Odanın içinde korkuyla beklerken, kapı çalmıştı. Kapının o tıklama sesini sanki kalbimde hissetmiştim ve bu benim korkumu iki katına çıkarmıştı. Normalde asla kimseye boyun eğen, ya da her şeyden korkan biri değilim ama bu adam beni kardeşlerim ile vurmuştu ve kendimden çok onlara bir şey olacak diye korkuyordum. Yavaş adımlarla kapıya doğru gidip, kapıyı açtığım da onu gördüm. Sanki şuan ecelimi görüyor gibiydim ama ona zere kadar korkumu belli etmiyordum. Ondan korktuğumu belli etmek istemiyordum çünkü. Oda özenle hazırlanmış bir şekilde beni baştan aşağı süzerken benim bakışlarım ise onun arkasında ki boş koridordaydı. Yüzünü görmek istemiyordum, hatta ve hatta ben bu adamın varlığını bile yanım da istemiyordum.
"Ben sana fazla dikkat çekecek şekilde hazırlanma demedim mi?" diye sert bir şekilde söylediğin de koridorda olan bakışlarımı kısa bir an ona çevirdim. Kaşlarını çatmış ve sinirli bir şekilde bana bakıyordu.
Bu adam benim gerçekten sabrımı zorluyordu. Hem gönderdiği elbiseye, hem de gönderdiği kızların yapmış olduğu makyaja laf ediyordu.
Gerçekten bu adam dengesizdi ve benim sabrımı çok fazla zorluyordu.
"Ben sen ne gönderdiysen giydim. makyajı da ben yapmadım" sert bir şekilde bende konuştuğum da bir anda Demir beni içeriye iteleyip kendi de odaya girip kapıyı sert bir şekilde kapattı. Bu tavrıyla sanki daha da mümkünmüş gibi çatılı olan kaşlarımı daha çok çattım. Bu kendini ne sanıyordu böyle? Bir kez dediğini yaptım diye beni kölesi falan sanamazdı.

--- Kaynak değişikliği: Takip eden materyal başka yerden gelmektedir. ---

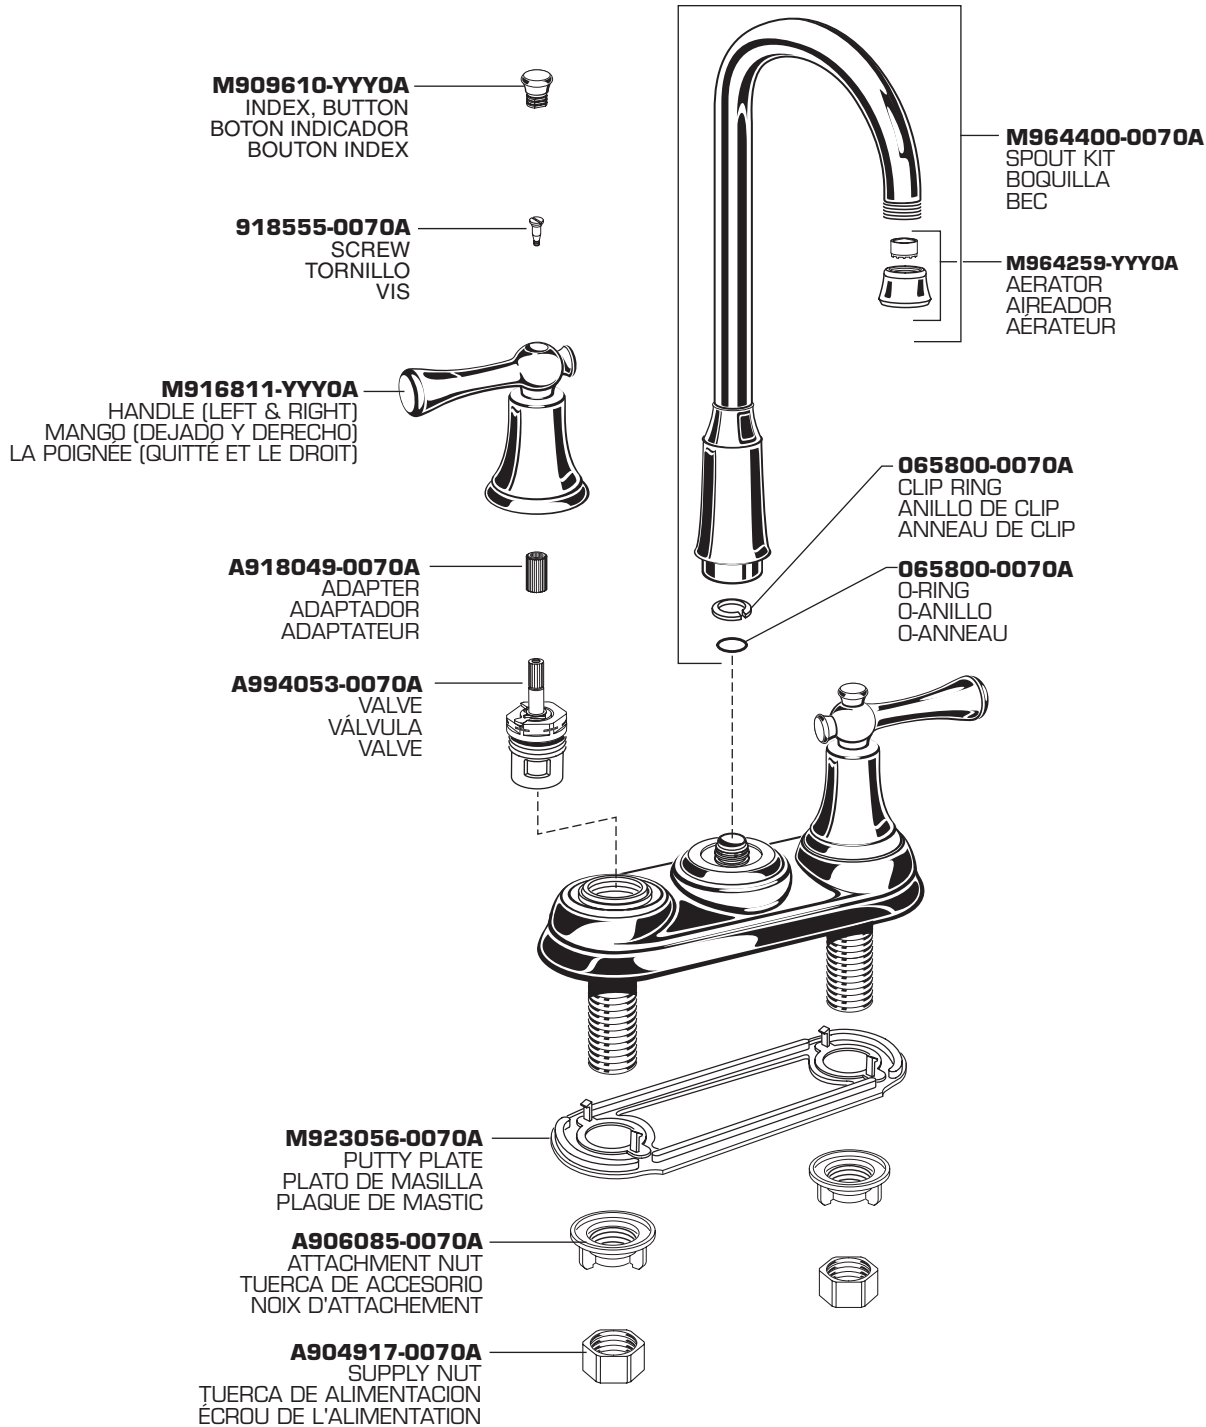

*American Standard*

**PORTSMOUTH™**  
**DUAL CONTROL BAR FAUCET**  
**GRIFO DE BARRA DE CONTROL DUAL**  
**ROBINET DE BAR DE CONTRÔLE DOUBLE**

MODEL NUMBER  
 NÚMERO DE MODELO  
 NUMÉRO DE MODÈLE

**4285.420**

Replace the YYY with Appropriate finish code  
 Sustituya el YYY por el código de fin Apropiado  
 Remplacez l'YYY avec le code de fin Approprié

|  |     |
|--|-----|
| CHROME, CROMO, LE CHROME, OIL RUBBED BRONZE                              | 002 |
| STAINLESS STEEL, ACERO INOXIDABLE, PÉTRÓLEO FROTÓ BRONZE                 | 075 |
| OIL RUBBED BRONZE, L'ACIER INOXYDABLE, LE PÉTROLE S'EST FROTTE DU BRONZE | 224 |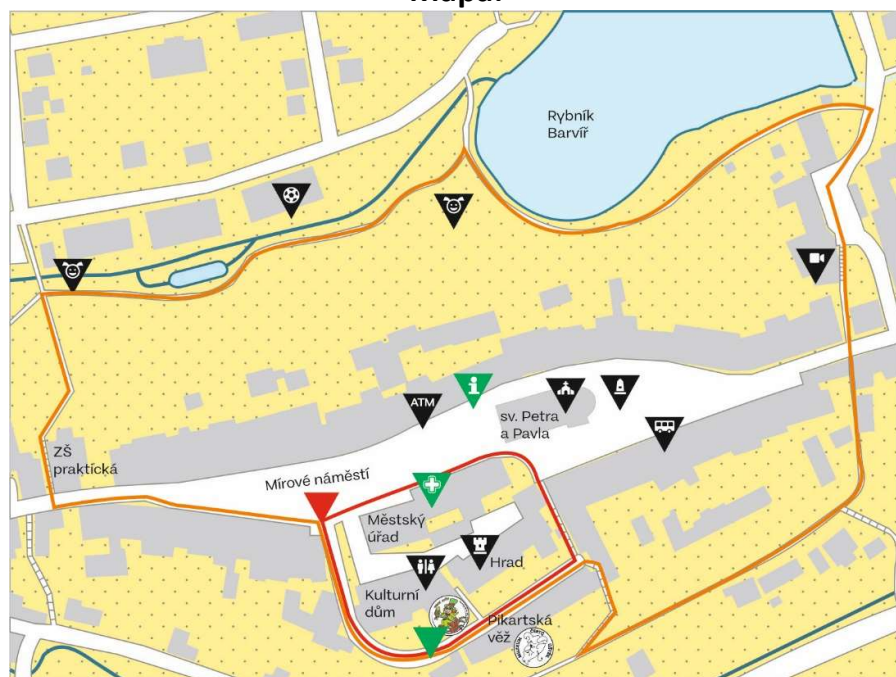

Kategorie	Datum narození	Délka běhu	Okruh
Předškoláci M	2016 a mladší – nejsou žáky ZŠ	200 m	Červený
Předškoláci Ž	2016 a mladší – nejsou žáky ZŠ	200 m	Červený
Mladší děti M	Od 1. 9. 2013 - 31. 12. 2016 – žáci ZŠ	300 m	Červený
Mladší děti Ž	Od 1. 9. 2013 - 31. 12. 2016 – žáci ZŠ	300 m	Červený
Starší děti M	Od 1. 9. 2011 – 31. 8. 2013 – žáci ZŠ	500 m	Červený
Starší děti Ž	Od 1. 9. 2011 – 31. 8. 2013 – žáci ZŠ	500 m	Červený
Mladší žáci	Od 1. 9. 2009 – 31. 8. 2011 – žáci ZŠ	600 m	Červený
Mladší žákyně	Od 1. 9. 2009 – 31. 8. 2011 – žáci ZŠ	600 m	Červený
Starší žáci	Od 1. 9. 2006 – 31. 8. 2009 – žáci ZŠ	1300 m	Oranžový
Starší žákyně	Od 1. 9. 2006 – 31. 8. 2009 – žáci ZŠ	1300 m	Oranžový
Mládež M	2003 až 2007 – žáci SŠ	2600 m	Oranžový
Mládež Ž	2003 až 2007 – žáci SŠ	1300 m	Oranžový
Muži	2003 a starší	2600 m	Oranžový
Ženy	2003 a starší	1300 m	Oranžový

Mapa:

- ▼ START závodů na 300m, 600 m, 1300 m, 2600 m a CÍL všech závodů
- ▼ START závodů na 200 m, 500 m

Za pořadatele srdečně zve:

Jan Mazíni, starosta Města Ústě

Vladimír Slavík, předseda SK Parta Litoměřicko

Ústěcký kraj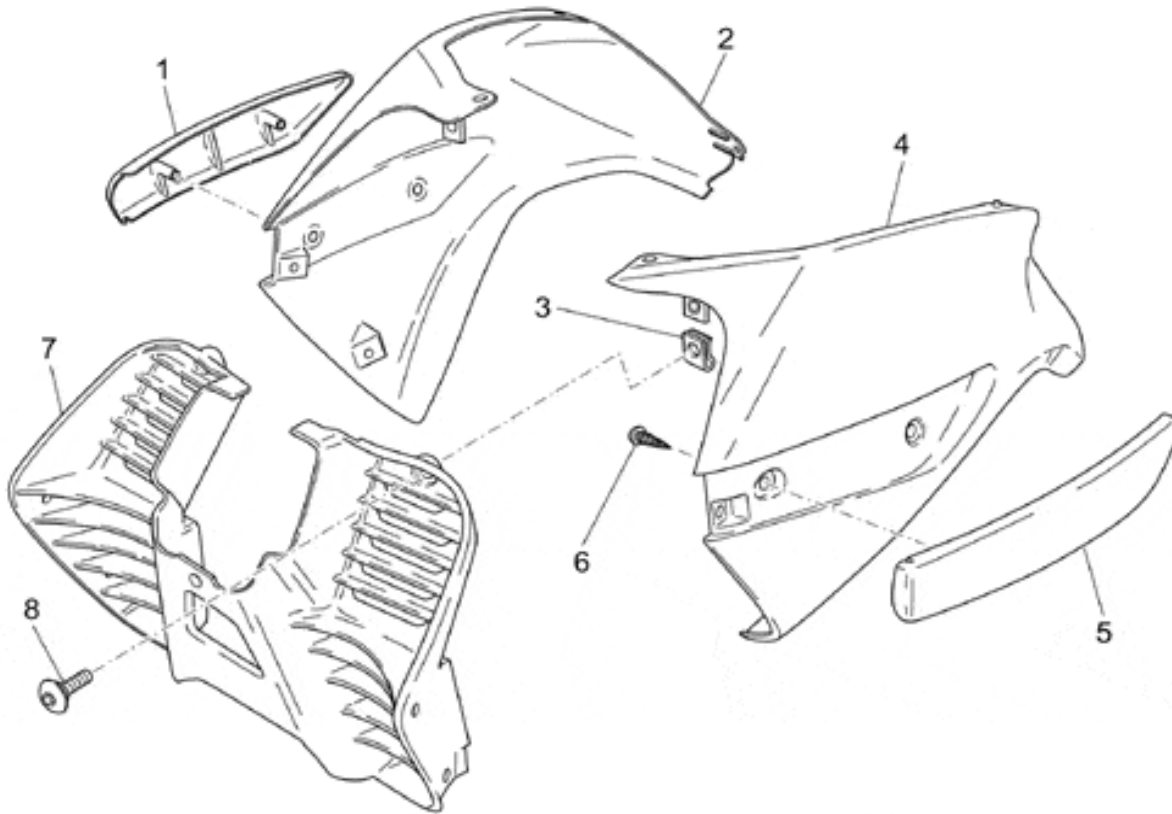

Ref.	Description	Year	I.M.	Country	Version	Code	Qty
1	Rechter schutz	-	-	-	-	32576610	1
2	R. Seitenverkl.grau cr.	-	-	-	b/re-o/bl	32576211	1
	R. Seitenverkl.grau pl.	-	-	-	g/gr	32576213	1
	Re. seitl. Verkleidung roh	-	-	-	gr	32576210	1
3	Klammer M5	-	-	-	-	AP8102375	6
4	L. Seitenverkl.grau cr.	-	-	-	b/re-o/bl	32576311	1
	L. Seitenverkl.grau pl.	-	-	-	g/gr	32576313	1
	Li. seitl. Verkleidung roh	-	-	-	gr	32576310	1
5	Linker schutz	-	-	-	-	32576710	1
6	Gew.schr. 3,9x14	-	-	-	-	AP8150413	4
7	Kühlgitter	-	-	-	-	32476410	1
8	Schraube M5x9	-	-	-	-	AP8152339	9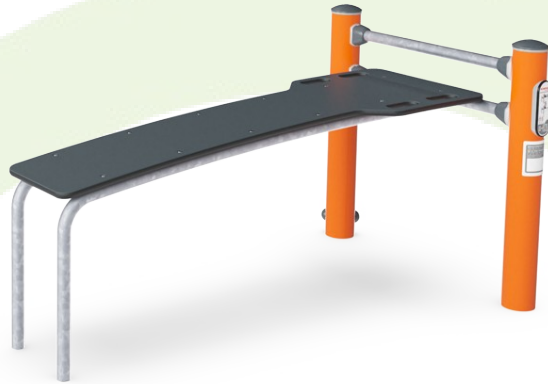

Grønn data

FSW203

Krybbe til port A1-A3

Totalt CO₂-utslipp	CO₂-ekvivalent per kg	Resirkuler te materialer	
kg CO₂-ekvivalent	kg CO₂-ekvivalent/kg	%	
FSW20300-0901	133,88	3,41	37,75

Det overordnede rammeverket for disse faktorene er miljødeklarasjonen EPD (Environmental Product Declaration), som kvantifiserer «miljøinformasjon om produktets livssyklus og muliggjør sammenligninger mellom produkter som oppfyller samme funksjon» (ISO, 2006). Dette følger strukturen og anvender en livssyklusanalyse for hele produksjonsstadiet fra råvare til ferdig produksjon (A1-A3).

Kompan A/S

C.F. Tietgens Boulevard 32C
DK-5220 Odense SØ
Denmark

Verification of CO₂ calculation of: Fitness

Data version no. 2023-10-05

The CO₂ calculation and data are in compliance with the principles of a carbon footprint impact according to the GHG protocol (Greenhouse Gas Protocol), Scope 3, cradle to gate related to all individual components in the product category: "Fitness" represented by item no.: FAZ10100-0900.

(Scope 3 emissions include emission sources in the upstream and downstream value chain).

Date: 30. October 2023 | Valid until: 30. October 2025

Verified by:

Julie Marie Vejsgaard Larsen, LCA & EPD Consultant

Verification based on report: Validation of CO₂ calculation of 9 categories of Kompan product line, version 1.0, prepared by: Bureau Veritas HSE, Denmark: Julie M. V. Larsen.

Publication date: 30. October 2023

By Bureau Veritas HSE
www.bureauveritas.dk
+45 7731 1000

"Olmaz bu böyle değiştir üzerini böyle gidemesin." diye bu kez az öncekine nazaran daha sakin bir üslupla söylemişti. Ama ben bu kez kesin emin olmuştum bu adama gerçekten dengesiz olduğuna. Bu kıyafeti gönderen oydu ve şimdi giymememi isteyen de oydu. Neydi bu tavırların sebebi böyle? İçimden sabır çektim. Şuan çok fazla diklenmek istemiyordum. Çünkü biran önce şu lanet davete gidip ve hemen evime dönmek istiyordum. Yoksa biraz daha burada kalırsam kesin katil olacağım.
"Başka kıyafet yok" diye sakin bir sesle söyledim. Kıyafet değiştirmekle falan uğraşmak istemiyordum. Zaten canım burumdaydı bir de adam bana gelip kıyafet diyordu. Benim sözüm ile sıkıntılı bir ses verip sağ elini ensesine götürüp, sanki bir şeyle düşünüyor gibiydi. Bir süre sonra saatine bakıp yeniden bana baktı.
Anlaşılan vaktimizin olup olmadığına bakmıştı. Umarım yoktur.
"Neyse, böyle geleceksin, hadi gidiyoruz" deyip bir anda kolumu tutup beni çıkışa doğru götürecekken hızlıca kolumu elinden çektim.
Bu adamda ki bu rahatlık nereden geliyordu böyle. Tamam ben bir dediğini yapmış olabilirim ama bana bu şekilde dokunmasına izin veremezdim. Zaten yeterince onunla aynı odadan yalnız olduğum için günaha girerken birde böyle dokunması beni deli ediyordu.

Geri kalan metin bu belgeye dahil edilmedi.